We saw without surprise that during the decade which
produced ‘Prince Hohenstiel-Schwangau’,
‘Fifine at the Fair’, and ‘Red Cotton
Nightcap Country’, he could give us ‘The
Inn Album’, with its expression of the higher
sexual love unsurpassed, rarely equalled, in the whole
range of his work: or those two unique creations
of airy fancy and passionate symbolic romance, ‘Saint
Martin’s Summer’, and ‘Numpholeptos’.
It was no ground for astonishment that the creative
power in him should even ignore the usual period of
decline, and defy, so far as is humanly possible,
its natural laws of modification. But in the
‘Dramatic Idyls’ he did more than proceed
with unflagging powers on a long-trodden, distinctive
course; he took a new departure.
Mr. Browning did not forsake the drama
of motive when he imagined and worked out his new
group of poems; he presented it in a no less subtle
and complex form. But he gave it the added force
of picturesque realization; and this by means of incidents
both powerful in themselves, and especially suited
for its development. It was only in proportion
to this higher suggestiveness that a startling situation
ever seemed to him fit subject for poetry. Where
its interest and excitement exhausted themselves in
the external facts, it became, he thought, the property
of the chronicler, but supplied no material for the
poet; and he often declined matter which had been
offered him for dramatic treatment because it belonged
to the more sensational category.
It is part of the vital quality of
the ‘Dramatic Idyls’ that, in them, the
act and the motive are not yet finally identified with
each other. We see the act still palpitating
with the motive; the motive dimly striving to recognize
or disclaim itself in the act. It is in this that
the psychological poet stands more than ever strongly
revealed. Such at least is the case in ‘Martin
Relph’, and the idealized Russian legend, ‘Ivan
Ivanovitch’. The grotesque tragedy of ‘Ned
Bratts’ has also its marked psychological aspects,
but they are of a simpler and broader kind.

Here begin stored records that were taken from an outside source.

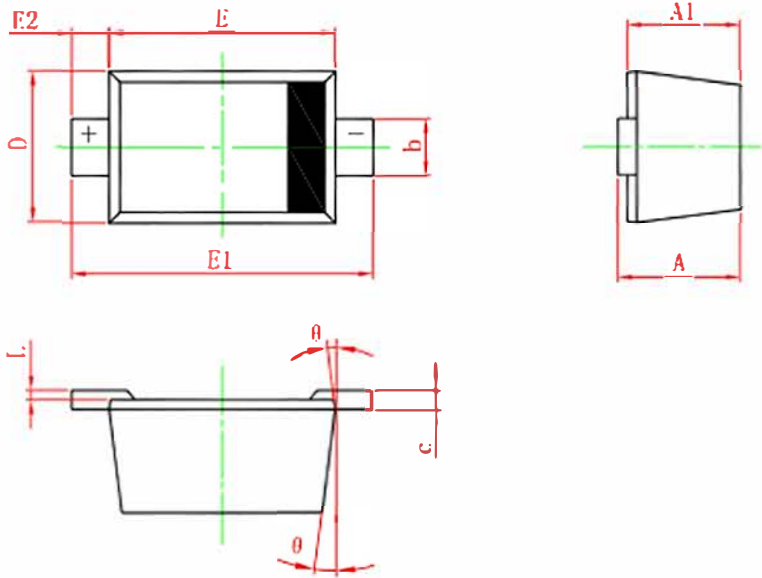

SOD-523 PACKAGE OUTLINE DIMENSIONS

Symbol	Dimensions In Millimeters		Dimensions In Inches	
	Min	Max	Min	Max
A	0.510	0.770	0.020	0.031
A1	0.500	0.700	0.020	0.028
b	0.250	0.350	0.010	0.014
c	0.080	0.150	0.003	0.006
D	0.750	0.850	0.030	0.033
E	1.100	1.300	0.043	0.051
E1	1.500	1.700	0.059	0.067
E2	0.200 REF		0.008 REF	
L	0.010	0.070	0.001	0.003
θ	7° REF		7° REF	

中心距: 1.42
 脚宽: 0.20
 焊盘宽: 0.60
 脚长: 0.30
 焊盘长: 0.70

技术要求

1. 塑封体尺寸 1.20×0.80 ;
2. 未注公差为: ± 0.05 ;
3. 所有单位为: mm.

媒体编号

镀涂

旧底图总号

底图总号

更改标记	数量	更改单号	签名	日期
设计				
审核				
工艺				

Dimensions are in millimeter										
Part type	A	B	C	d	E	F	P0	P	P1	W
SOD-523	0.9	1.94	0.73	Ø1.50	1.75	3.50	4.00	2.00	2.00	8.00
(Tolerances)	+/-0.05	+/-0.05	+/-0.05	+/-0.1	+/-0.1	+/-0.1	+/-0.1	+/-0.1	+/-0.1	+0.3/-0.1

SOD-523 Tape Leader and Trailer

SOD-523 Reel

Dimensions are in millimeter								
Reel Option	D	D1	D2	G	H	I	W1	W2
7" Dia	Ø178.00	Ø4.40	13.00	R78.00	R25.40	R8.00	9.50	12.50
Tolerance	+/-2	+/-1	+/-1	+/-1	+/-1	+/-1	+/-1	+/-1
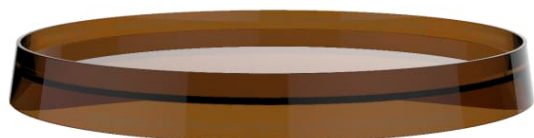

KARTELL LAUFEN

Receveur 'disc' pour mitigeur de bain sur colonne, Ø 275 mm, plastique

DESCRIPTION TECHNIQUE

- 3.9833.5.081.001.1 - Disc Receveur, pour robinets et accessoires avec Ø 183 mm, Ambre,
- 3.9833.5.081.002.1 - Disc Receveur, pour mitigeur de bain sur colonne avec Ø 275 mm, Ambre,
- 3.9833.5.082.001.1 - Disc Receveur, pour robinets et accessoires avec Ø 183 mm, Orange tangerine,
- 3.9833.5.082.002.1 - Disc Receveur, pour mitigeur de bain sur colonne avec Ø 275 mm, Orange tangerine,
- 3.9833.5.084.001.1 - Disc Receveur, pour robinets et accessoires avec Ø 183 mm, Transparent cristal,
- 3.9833.5.084.002.1 - Disc Receveur, pour mitigeur de bain sur colonne avec Ø 275 mm, Transparent cristal,
- 3.9833.5.085.001.1 - Disc Receveur, pour robinets et accessoires avec Ø 183 mm, Fumé,
- 3.9833.5.085.002.1 - Disc Receveur, pour mitigeur de bain sur colonne avec Ø 275 mm, Fumé

Commodity Code/Import Code Number for Poids net / kg : 0,34
 Foreign Trad : 84819000

DESSINS TECHNIQUES

COMPATIBLE AVEC

Mitigeur de lavabo, saillie 110 mm, goulot fixe, sans vidage, avec disc receveur transparent cristal (receveur disponible en 7 couleurs complémentaires), chromé

Mitigeur de lavabo, saillie 110 mm, goulot fixe, avec vidage, avec disc receveur transparent cristal (receveur disponible en 7 couleurs complémentaires), chromé

Mitigeur de lavabo, saillie 110 mm, goulot fixe, avec commande de vidage, sans vidage, avec disc receveur transparent cristal (receveur disponible en 7 couleurs complémentaires), chromé

Mitigeur mural pour Simibox 1-Point, saillie 186 mm, goulot fixe, avec disc receveur transparent cristal (receveur disponible en 7 couleurs complémentaires), chromé

Mitigeur de lavabo réhaussé, saillie 110 mm, goulot fixe, sans vidage, avec disc receveur transparent cristal (receveur disponible en 7 couleurs complémentaires), chromé
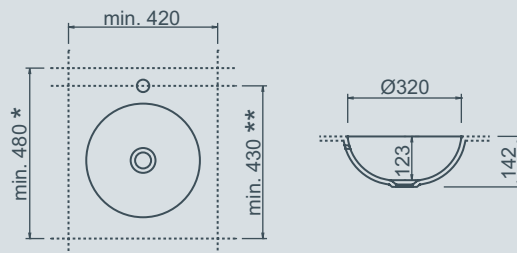

Ibis

Design Planit

Top bagno modello Ibis con lavabo integrato in Corian®.
Con foro troppopieno.

Badplatte Modell Ibis mit integriertem Becken in Corian®.
Mit Bohrung für Überlauf.

Ibis bathroom top with built-in bowl in Corian®. With overflow drain.

Colore/Farbe/Colour: Tutti/Alle/All Planit Colours with *

* con foro rubinetteria / mit Mischerloch / with mixer hole

** senza foro rubinetteria / ohne Mischerloch / without mixer hole

IBIS 2
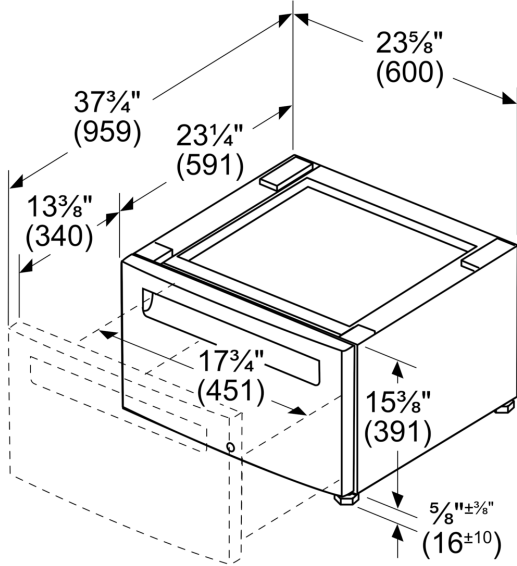

Socle pour sèche-linge avec tiroir WZDP20D

Équipement

Données techniques

Dimensions du produit emballé: 430 x 620 x 635 mm
Dimensions de la palette (mm): 213.0 x 80.0 x 120.0
Colisage par palette: 12
Poids net: 16.3 kg
Poids brut: 20.0 kg
Code EAN: 4242003891865

Socle pour sèche-linge avec tiroir
WZDP20D

Dessins sur mesure

mesures en pouces (mm)

Mesures en pouce

Mesures en mm
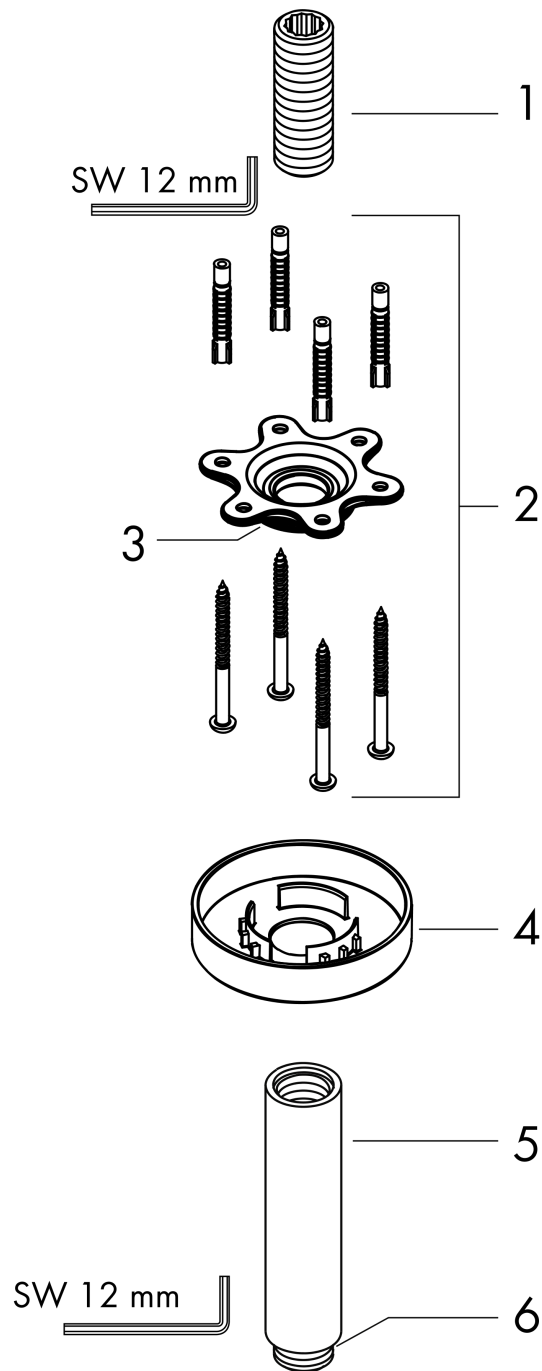

Douchearm plafond S 100 mm
 Afwerking: **Chroom** Art.-nr.: **27393000**

Beschrijving

Funcities

- lengte: 100 mm
- schacht Ø: 27 mm
- toepassingsdoel: ook inzetbaar als verlenging
- montagewijze: opbouwmontage
- materiaal: messing
- aansluiting: G ½

Details over het artikel

Prijs excl. BTW	70,70 €
Prijs incl. BTW*	85,55 €

Designprijzen

Productafbeelding

Maattekening

Douchearm plafond S 100 mm
 Afwerking: **Chroom** Art.-nr.: **27393000**

Uittrektekening

Bouwjaar: >12/20

Douchearm plafond S 100 mm
 Afwerking: **Chroom** Art.-nr.: **27393000**

Onderdelenlijst

Bouwjaar: >12/20

= Pos.	Beschrijving	Art.-nr.	PC	VE
1	aansluiting	95188000	-	1
2	bevestigingsmateriaal	95208000	-	1
3	O-ring 34x2	98383000	-	1
4	rozet Ø 80 mm	92122000	-	1
5	douche-arm	27479000	-	1
6	O-ring 16x2	98133000	-	1
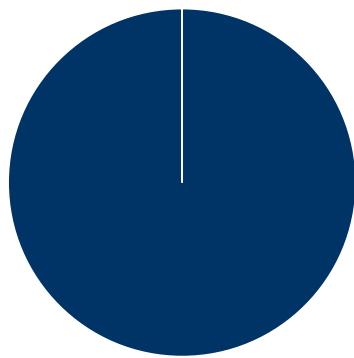

JOSE GABRIEL SANCHEZ RUIZ

DOCENCIA IMPARTIDA

Histórico de docencia

■ Licenciatura: 137 (100.00%)

#	Nivel titulación	Asignatura	Entidad	Alumnos	Semestre
1	Licenciatura	DESARR.D HABILIDADES PSICOSOCIALES	Facultad de Estudios Superiores "Zaragoza"	35	2023-1
2	Licenciatura	APLICACION TECNOLOG.EN PSICOLOGIA	Facultad de Estudios Superiores "Zaragoza"	13	2023-1
3	Licenciatura	APLICACION TECNOLOG.EN PSICOLOGIA	Facultad de Estudios Superiores "Zaragoza"	15	2023-1
4	Licenciatura	METODOS Y TECNIC.DE INVESTIGAC.I	Facultad de Estudios Superiores "Zaragoza"	15	2023-1
5	Licenciatura	INVEST.PROC.PSICOL.ASOC.ENSEÑ.APRN	Facultad de Estudios Superiores "Zaragoza"	31	2022-2
6	Licenciatura	ESTADISTICA INFERENCIAL	Facultad de Estudios Superiores "Zaragoza"	14	2022-2
7	Licenciatura	PSICOLOGIA EXPERIMENTAL II	Facultad de Estudios Superiores "Zaragoza"	15	2022-2
8	Licenciatura	PSICOLOGIA EXPERIMENTAL II	Facultad de Estudios Superiores "Zaragoza"	15	2022-2
9	Licenciatura	DESARR.D HABILIDADES PSICOSOCIALES	Facultad de Estudios Superiores "Zaragoza"	32	2022-1
10	Licenciatura	APLICACION TECNOLOG.EN PSICOLOGIA	Facultad de Estudios Superiores "Zaragoza"	15	2022-1
11	Licenciatura	APLICACION TECNOLOG.EN PSICOLOGIA	Facultad de Estudios Superiores "Zaragoza"	14	2022-1
12	Licenciatura	METODOS Y TECNIC.DE INVESTIGAC.I	Facultad de Estudios Superiores "Zaragoza"	15	2022-1
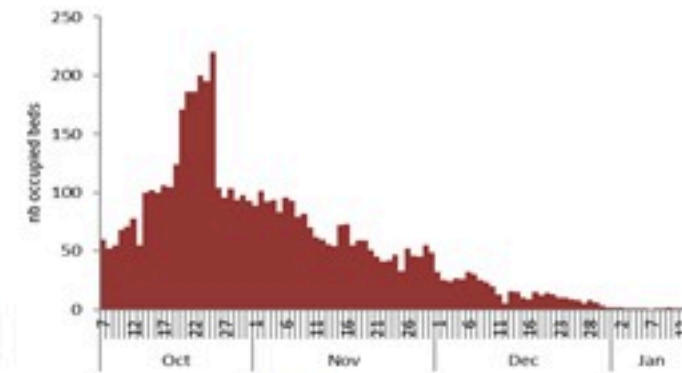

استعمال الاسرة الاستشفائية
(للحالات المثبتة والمتبنة)
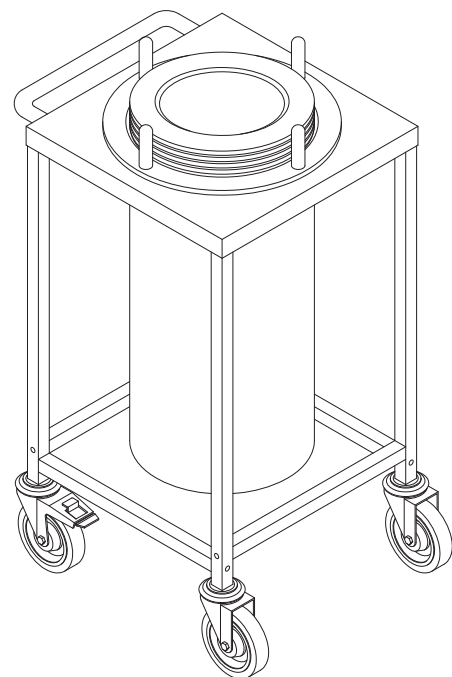

DISTRIBUTEUR MOBILE OUVERT NON CHAUFFANT 1MDDO

ÉQUIPEMENT OPTIONNEL:

Couvercle pour tubes distributeurs (voir la série modèle CTD)
 Pare-chocs disque à chaque roue

HAUTEUR HORS TOUT DE L'UNITÉ : 34.13" / 867 MM
 PARE-CHOC INCLUS DANS LES DIMENSIONS
 DIMENSIONS SUPPLÉMENTAIRES DISPONIBLES SUR DEMANDE
 POUR INFORMATIONS SUR LES TUBES DISTRIBUTEURS
 VOIR LA SÉRIE MODÈLE RTD-U

NUMÉRO MODÈLE	NUMÉRO MODÈLE DISTRIBUTEUR ROND ENCASTRÉ	LARGEUR HORS TOUT Pouce / mm	PROFONDEUR HORS TOUT Pouce / mm	POIDS POUR EXPÉDITION Lbs. / Kg
1MDDO-1919	RTD-U-4.50	19.00" / 483mm	19.00" / 483mm	41 Lbs. / 18.6 Kg
	RTD-U-5.00			
	RTD-U-5.50			
	RTD-U-6.00			48 Lbs. / 21.8 Kg
	RTD-U-6.50			
	RTD-U-7.00			
	RTD-U-7.50			58 Lbs. / 26.3 Kg
	RTD-U-8.00			
	RTD-U-8.50			
	RTD-U-9.00			69 Lbs. / 31.3 Kg
	RTD-U-9.50			
	RTD-U-10.00			
	RTD-U-10.50			76 Lbs. / 34.5 Kg
	RTD-U-11.00			
RTD-U-11.50				
RTD-U-12.00				
	RTD-U-12.50			
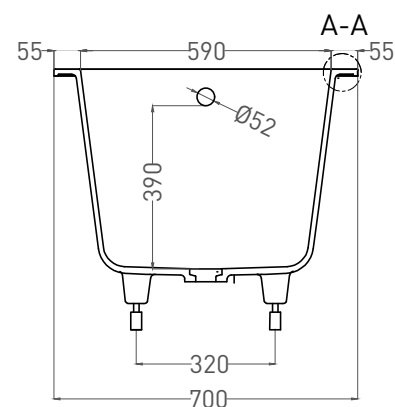

ORNELLA 170x70

ВАННА ВСТРАИВАЕМАЯ 102313G / 102313M

Дизайн: Salini SRL

salini
L'ANIMA DELL'ACQUA

Размеры: 1700 x 700 x 590 / 610 мм

Вес нетто / брутто: 70 / 121 кг, 75 / 126 кг

Объём до перелива: 240 л

Глубина до перелива: 390 мм

Материал: S-Sense

Покрытие: глянцевое / матовое

Цвет: RAL / белый

Комплектация: ванна, регулируемые ножки до 2 см

Требуемый смеситель: настенный / напольный

Гарантия: 10 лет

Производство: Италия / Россия

Salini SRL

20122 Italia, Milano, Largo Ildefonso Schuster, 1

info@salini-srl.com

www.salini-srl.com

© Salini SRL - All rights reserved

Все права защищены. Несанкционированное копирование, публикация, полное или частичное воспроизведение запрещены.
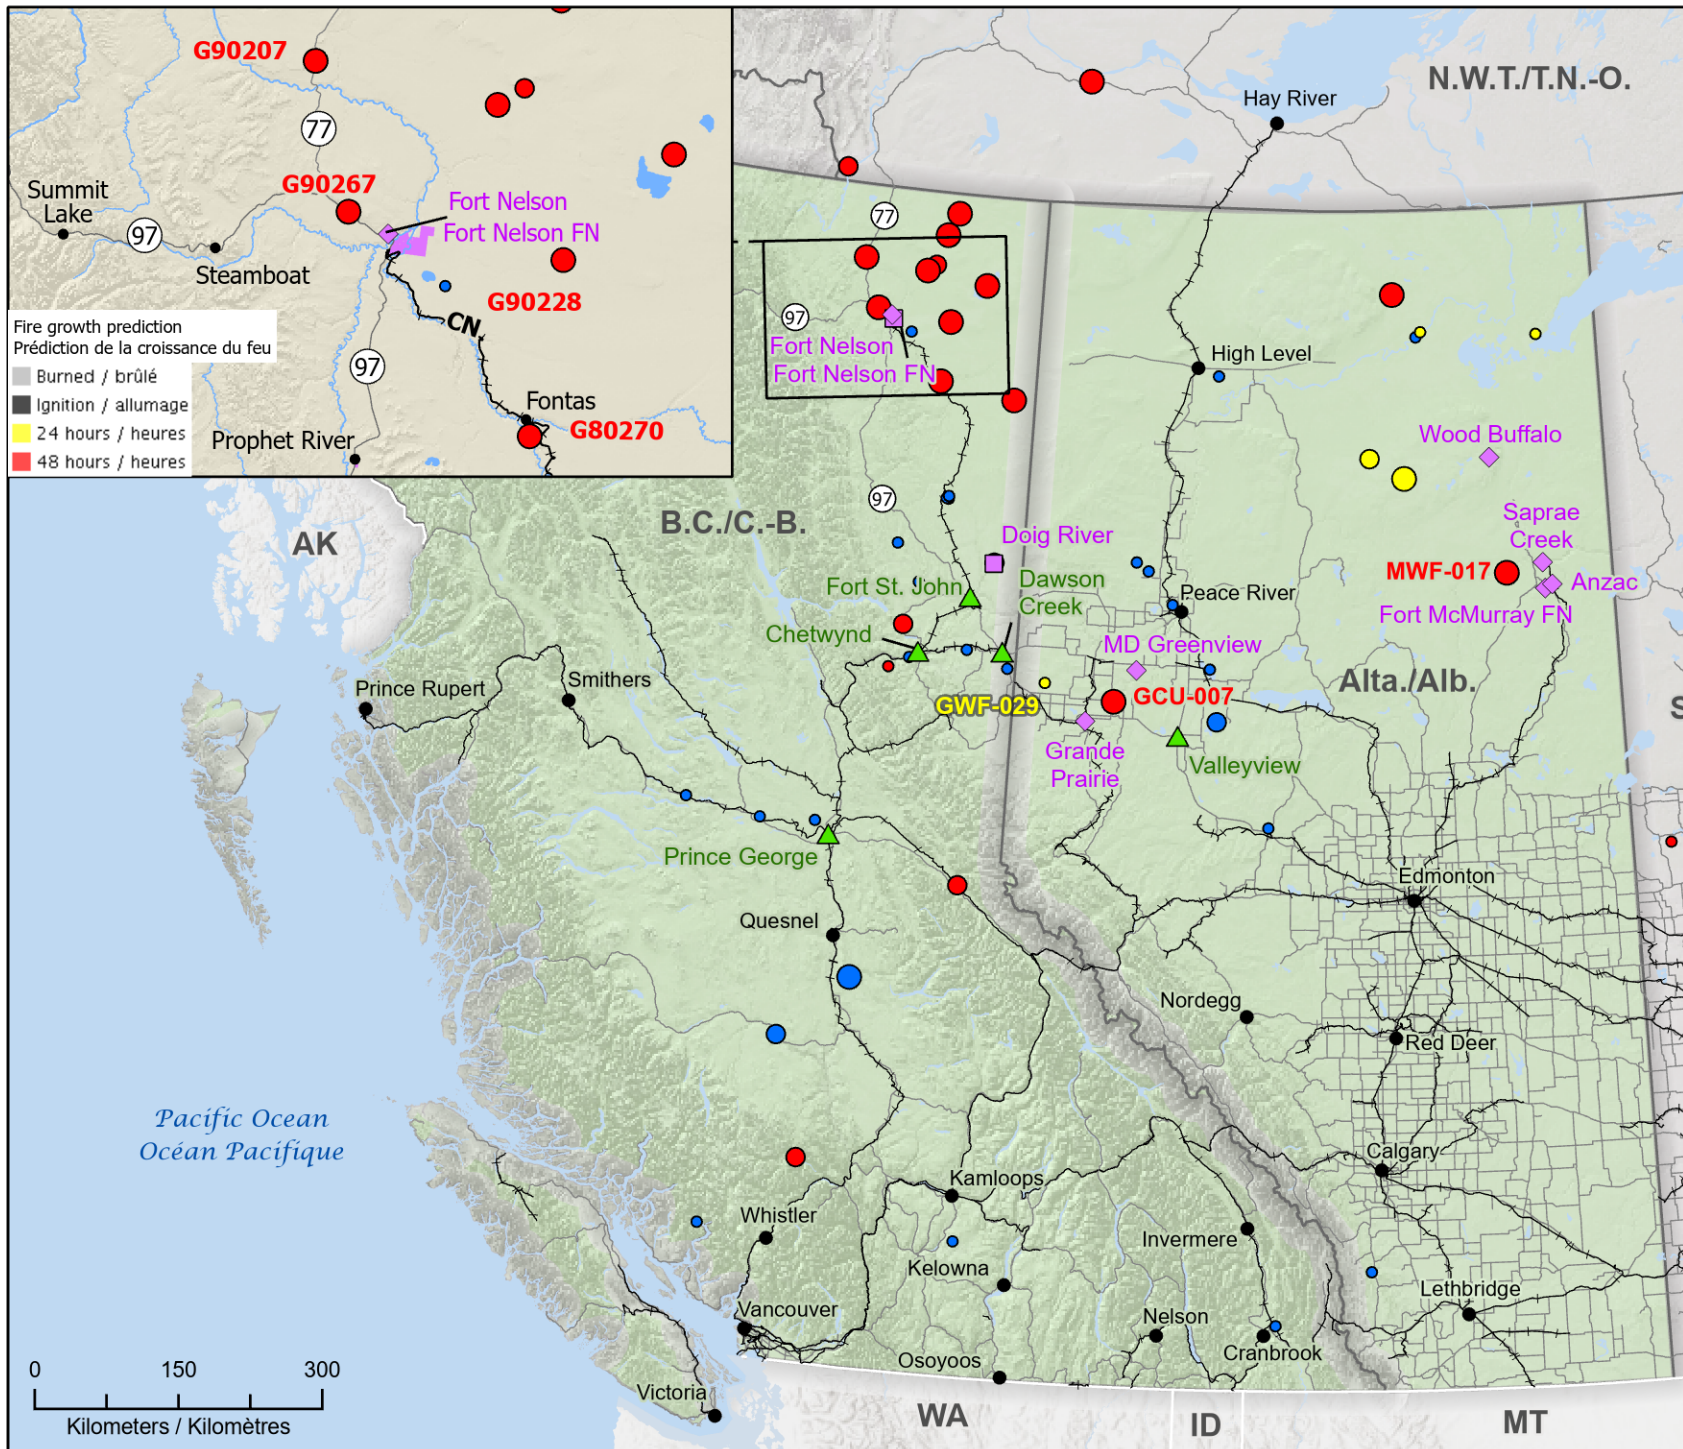

Wildland Fires in British Columbia and Alberta
Feux de végétation en Colombie-Britannique et Alberta

0 150 300
 Kilometers / Kilomètres

- City / Ville
- ◆ Community with evacuations
Communauté avec évacuations
- ▲ Host Community / Communauté d'accueil

- Highway / Autoroute
- Railway / Voie ferrée
- First Nation reserve with evacuations
Première Nation avec évacuations
- First Nation reserve with evacuations
Première Nation avec évacuations

- Stage of Control**
Stade de contrôle
- Out of Control
Hors contrôle
 - Being Held
Contenu
 - Under Control
Maîtrisé

- Fire Size**
Taille de l'incendie
- 1 - 100 Hectares
 - 101 - 1000 Hectares
 - > 1000 Hectares

The new inspiration slowly subsided
through the second series of ‘Idyls’,
1880, and ‘Jocoseria’, 1883. In ‘Ferishtah’s
Fancies’, 1884, Mr. Browning returned to his
original manner, though carrying into it something
of the renewed vigour which had marked the intervening
change. The lyrics which alternate with its parables
include some of the most tender, most impassioned,
and most musical of his love-poems.
The moral and religious opinions conveyed
in this later volume may be accepted without reserve
as Mr. Browning’s own, if we subtract from them
the exaggerations of the figurative and dramatic form.
It is indeed easy to recognize in them the under currents
of his whole real and imaginative life. They
have also on one or two points an intrinsic value
which will justify a later allusion.